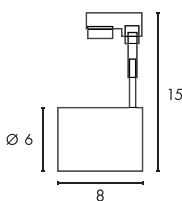

Produktangaben

230V ~50Hz
Material: Aluminium
Ø: 6 cm L: 8 cm H: 15 cm

LED Upgrade

LED GU10 4,3W 36°
3000K 355lm EEK=A+
5kWh/1000h
Art. Nr. 560143 | 34,90 EUR

Variante	Art. Nr	EUR
■ schwarz matt	152240	64,90
□ weiß matt	152241	64,90
■ silbergrau	152242	64,90
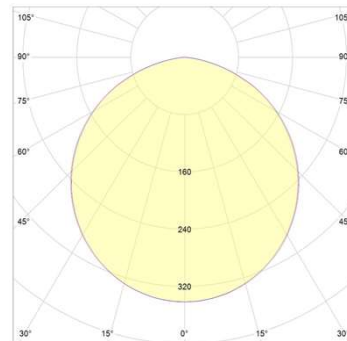

## 3.OPTICAL DATA

### 1) Simulation Data

Brand: Luxeon

LED model: 3030

Light colour: White

FWTM: H161.5°,V161.5°

FWHM: H114.8°,V115°

### 2) Test Data

Brand: Luxeon

LED model: 3030

Light colour: White

FWTM: H158.8°,V158.8°

FWHM: H116.3°,V116.4°
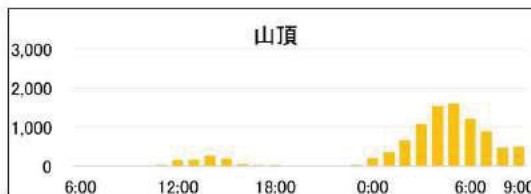

2016/7/16(土)～17(日)【H28第1回調査】

	六合目通過者	八合目通過者	山頂滞在者
6:00	282	44	0
	205	105	0
	174	148	0
	240	186	0
	324	160	0
	288	136	32
12:00	304	131	158
	758	123	171
	967	179	274
	274	179	197
	275	237	60
	297	388	28
18:00	328	401	28
	308	110	0
	336	60	0
	248	74	17
	166	341	0
	65	388	31
0:00	33	463	205
	37	152	360
	86	95	651
	63	57	1084
	26	53	1547
	136	105	1613
6:00	295	151	1213
	259	144	890
	290	167	476
9:00	281	160	502
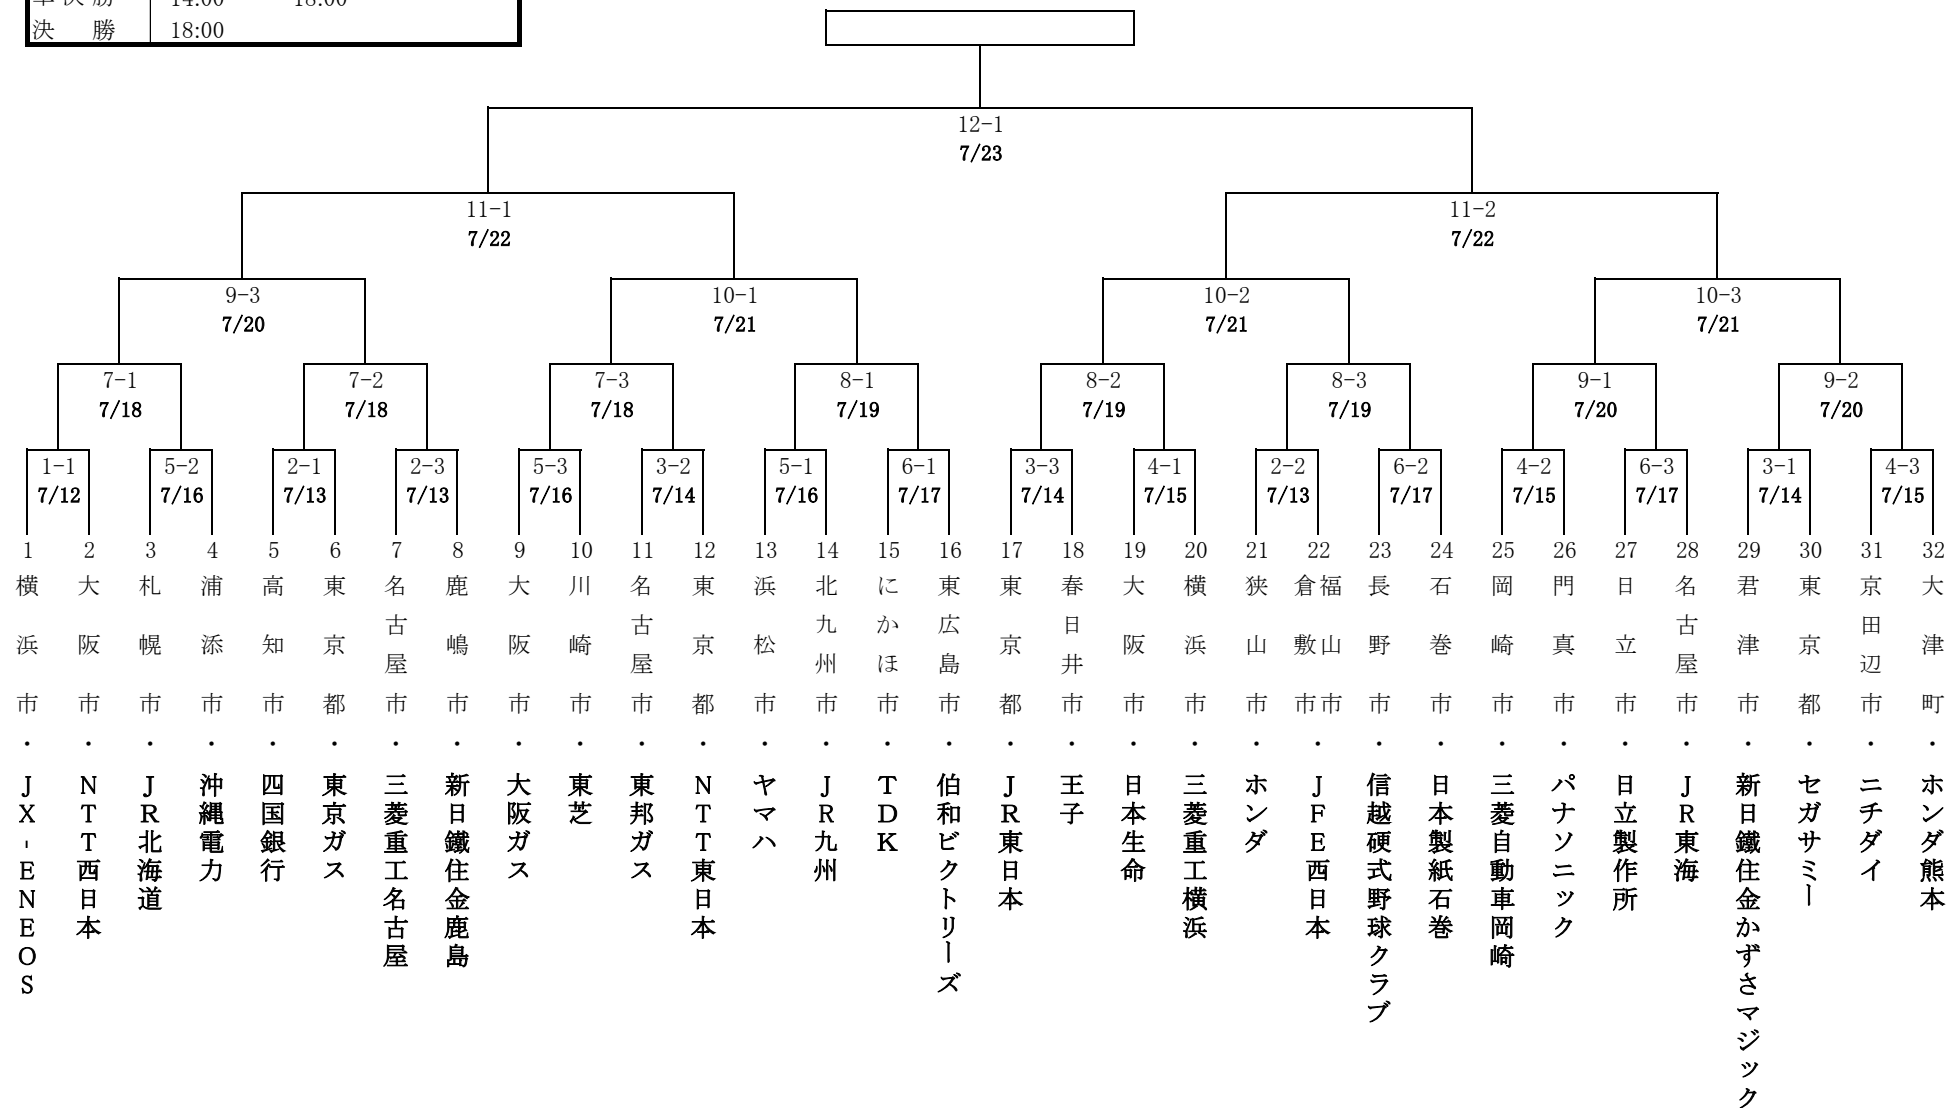

第84回都市対抗野球大会 組み合わせやまがた

開催期日:2013年7月12日(金)から12日間 場所:東京ドーム 出場チーム:32チーム

初日	18:30	(開会式 17:00)
3試合日	10:30	14:00 18:00
準決勝	14:00	18:00
決勝	18:00	

※1回戦(第1日～第6日第3試合)の組合せは、左側から順ではございませんので、ご注意ください。 [1回戦組合せ](#)

※若番のチームが1塁側となります。
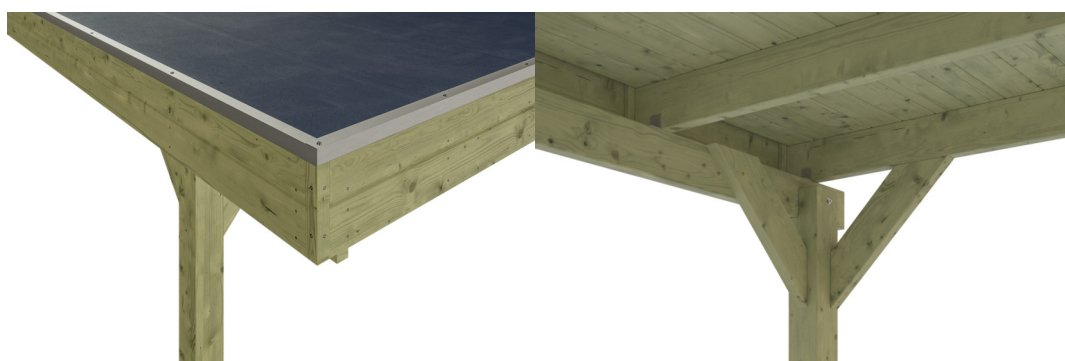

# CARPORT FRIESLAND

Carport à toiture plate

CARPORT FRIESLAND  
397 x 555 cm

Exemple de conception

- Structure en bois résineux imprégné
- Imprégné vert
- Couverture de toit en voligeage et membrane EPDM
- Poteaux 11,5 x 11,5 cm

Carport

## CARPORT FRIESLAND 397X555CM, PLANCHES DE TOIT ET EPDM, BOIS RÉSINEUX IMPRÉGNÉ VERT

### Fiche technique / description de construction

Matériau	Bois résineux
Couleur	Vert
Traitement des couleurs	Imprégné
Taille	397 x 555 cm
Dimensions de sol (largeur)	378 cm
Dimensions de sol (profondeur)	469 cm
Dimension hors tout (largeur)	397 cm
Dimension hors tout (profondeur)	555 cm
Hauteur pignon	241 cm
Hauteur chéneau	230 cm
Hauteur totale (avant)	241 cm
Hauteur totale (arrière)	230 cm
Type de toiture	Toit plat
Matériau de la couverture de toit	Planches de toit à rainure et languette avec membrane EPDM
Couleur du toit	Noire
Épaisseur du toit	20 mm

★ ★ ★ ★

GOAL OF THE EXERCISE: From the material above, report how many lines contain the word "totale", giving only the number.

SOLVED EXERCISE: 2